# YOUR ASSIGNMENT
Every line of the data must be retyped exactly as it stands.

▽

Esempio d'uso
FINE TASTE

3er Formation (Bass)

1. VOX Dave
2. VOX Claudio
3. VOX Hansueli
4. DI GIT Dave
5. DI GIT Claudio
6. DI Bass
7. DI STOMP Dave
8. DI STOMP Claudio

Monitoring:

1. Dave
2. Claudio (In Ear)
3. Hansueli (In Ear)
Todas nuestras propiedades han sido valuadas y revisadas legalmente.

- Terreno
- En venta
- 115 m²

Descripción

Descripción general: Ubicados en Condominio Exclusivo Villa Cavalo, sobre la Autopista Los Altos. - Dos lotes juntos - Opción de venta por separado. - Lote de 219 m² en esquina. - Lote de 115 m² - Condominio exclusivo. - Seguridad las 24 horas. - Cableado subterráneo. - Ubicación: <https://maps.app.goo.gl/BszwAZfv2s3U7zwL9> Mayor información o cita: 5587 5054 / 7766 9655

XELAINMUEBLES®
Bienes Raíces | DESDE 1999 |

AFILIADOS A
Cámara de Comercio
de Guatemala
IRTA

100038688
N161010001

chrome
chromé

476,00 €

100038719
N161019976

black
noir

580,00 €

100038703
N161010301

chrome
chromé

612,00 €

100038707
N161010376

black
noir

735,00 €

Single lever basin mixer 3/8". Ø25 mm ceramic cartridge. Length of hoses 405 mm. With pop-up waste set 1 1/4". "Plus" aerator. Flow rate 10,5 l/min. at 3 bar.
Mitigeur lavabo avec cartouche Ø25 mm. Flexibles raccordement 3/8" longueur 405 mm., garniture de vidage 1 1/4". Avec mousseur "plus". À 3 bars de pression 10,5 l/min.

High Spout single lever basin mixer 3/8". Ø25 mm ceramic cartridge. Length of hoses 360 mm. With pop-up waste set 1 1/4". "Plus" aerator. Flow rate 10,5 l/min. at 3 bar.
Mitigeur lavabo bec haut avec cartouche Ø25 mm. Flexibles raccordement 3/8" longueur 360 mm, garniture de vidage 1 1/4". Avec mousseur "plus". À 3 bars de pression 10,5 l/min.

△

# TASK OUTPUT
Esempio d'uso
FINE TASTE

3er Formation (Bass)

1. VOX Dave
2. VOX Claudio
3. VOX Hansueli
4. DI GIT Dave
5. DI GIT Claudio
6. DI Bass
7. DI STOMP Dave
8. DI STOMP Claudio

Monitoring:

1. Dave
2. Claudio (In Ear)
3. Hansueli (In Ear)
Todas nuestras propiedades han sido valuadas y revisadas legalmente.

- Terreno
- En venta
- 115 m²

Descripción

Descripción general: Ubicados en Condominio Exclusivo Villa Cavalo, sobre la Autopista Los Altos. - Dos lotes juntos - Opción de venta por separado. - Lote de 219 m² en esquina. - Lote de 115 m² - Condominio exclusivo. - Seguridad las 24 horas. - Cableado subterráneo. - Ubicación: <https://maps.app.goo.gl/BszwAZfv2s3U7zwL9> Mayor información o cita: 5587 5054 / 7766 9655

XELAINMUEBLES®
Bienes Raíces | DESDE 1999 |

AFILIADOS A
Cámara de Comercio
de Guatemala
IRTA

100038688
N161010001

chrome
chromé

476,00 €

100038719
N161019976

black
noir

580,00 €

100038703
N161010301

chrome
chromé

612,00 €

100038707
N161010376

black
noir

735,00 €

Single lever basin mixer 3/8". Ø25 mm ceramic cartridge. Length of hoses 405 mm. With pop-up waste set 1 1/4". "Plus" aerator. Flow rate 10,5 l/min. at 3 bar.
Mitigeur lavabo avec cartouche Ø25 mm. Flexibles raccordement 3/8" longueur 405 mm., garniture de vidage 1 1/4". Avec mousseur "plus". À 3 bars de pression 10,5 l/min.

High Spout single lever basin mixer 3/8". Ø25 mm ceramic cartridge. Length of hoses 360 mm. With pop-up waste set 1 1/4". "Plus" aerator. Flow rate 10,5 l/min. at 3 bar.
Mitigeur lavabo bec haut avec cartouche Ø25 mm. Flexibles raccordement 3/8" longueur 360 mm, garniture de vidage 1 1/4". Avec mousseur "plus". À 3 bars de pression 10,5 l/min.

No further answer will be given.